[wp-hackers] Proposing WP Flavours (various WordPress forks)

William Canino william.canino at googlemail.com
Thu Dec 17 20:19:46 UTC 2009


Considering its thousands of action and filter hooks -- and more and
more made in each release, in my opinion, WordPress is too
customizable and open-ended to need particular forks.... that is,
unless a very good programmer (or a group of them) comes up with a
direction for WordPress that the lead devs (Boren, Jacquith,
Mullenweg, Ozz and Westwood) feel strongly against.

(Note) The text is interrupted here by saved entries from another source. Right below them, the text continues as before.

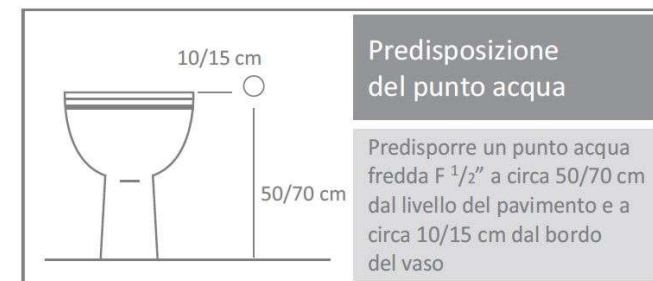

ARVAG Via Toscana,1 20096 Pioltello (Mi) 02/70300326
info@arvag.com www.arvag.com
Prezzi al pubblico 2021/1 iva esclusa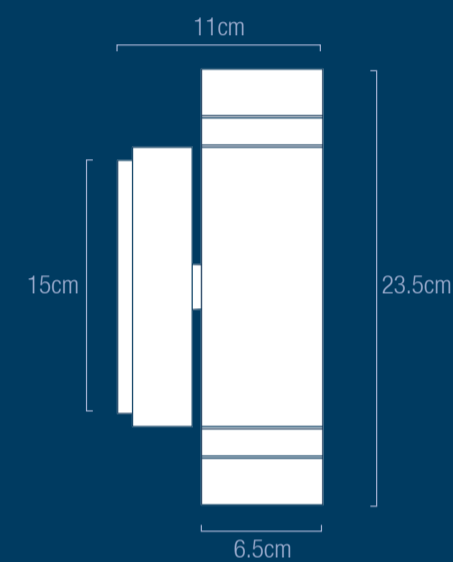

IP44		Klasse 1 (jord) Geerdet Earth Contact Jordkontakt (1) Prise de terre (classe 1)
2x GU10	M/P	Metal/Plast Metal/Kunststoff Metal/Plastic material Metal/Plastik Metal/Plastique
MAX 2x35W		Egnet til udendørs brug Geeignet für Außen Suitable for outdoor Lämplig för utombesbruk Indiqué pour usage extérieur
230V		Parallelskænkning muligt Parallelschaltung möglich Parallel arrangement possible Mijligt atv parallelskøpling Montage en parallèle possible

NORD 874063

This luminaire is compatible with bulbs of the energy classes:

874/2012

FOCUS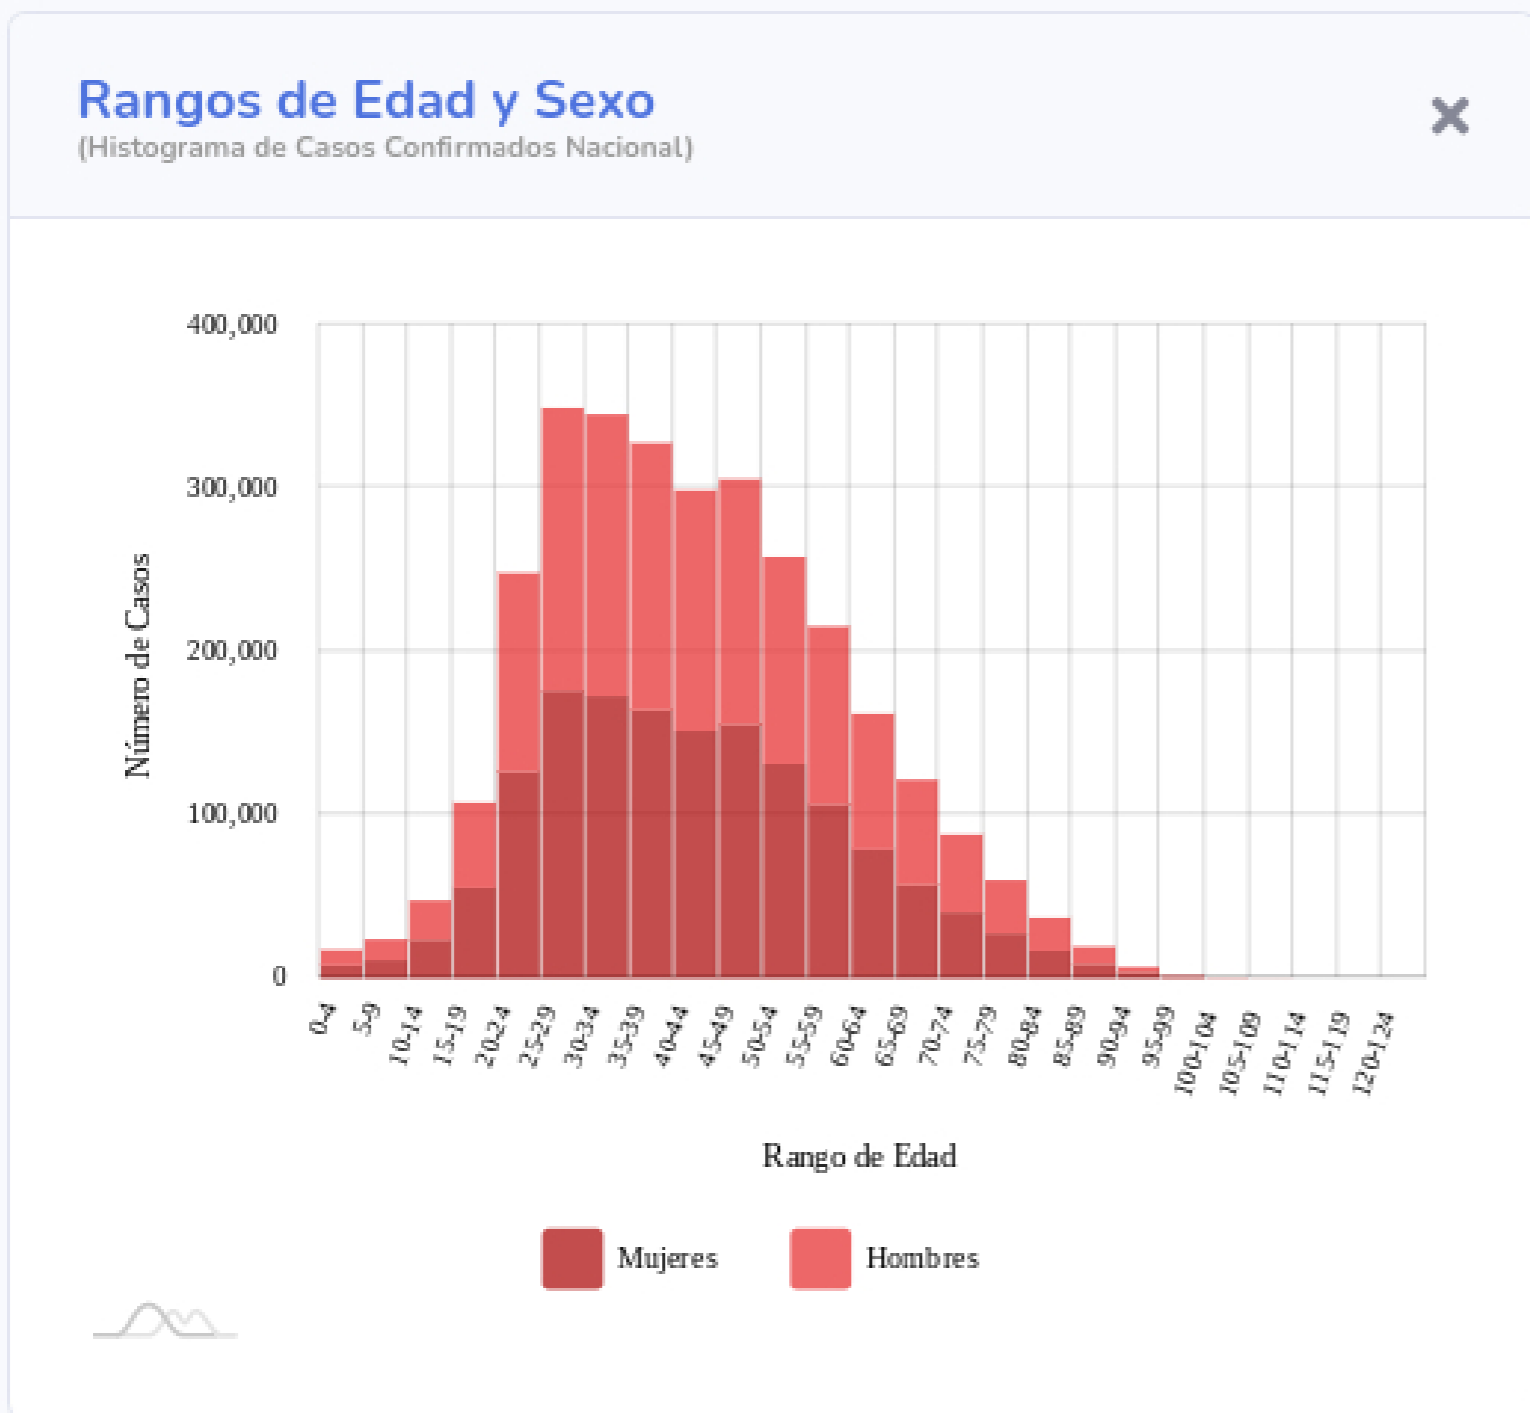

## Información General

Nacional (Confirmados)

\*\*Actualizado: 12-08-2021

Fuente: DGE

Ver semáforo

Las vistas y series temporales consideran el lugar de residencia de los casos reportados

Copyright 2020 © CONACYT - CentroGeo - Geoint - DataLab

Realistically, the lead devs cannot allow/approve every kind of patch
that will be suggested that disables features or takes WordPress in
every sort of direction.  While a plugin developer might say, "Hello,
here is a one-line diff that will let WordPress handle Foobar content,
I think people will find it useful," if the trac discussion says
wont-fix, it's a wont-fix.  I can see how the wont-fix feels to the
plugin developer; the word "fork" will come to her mind.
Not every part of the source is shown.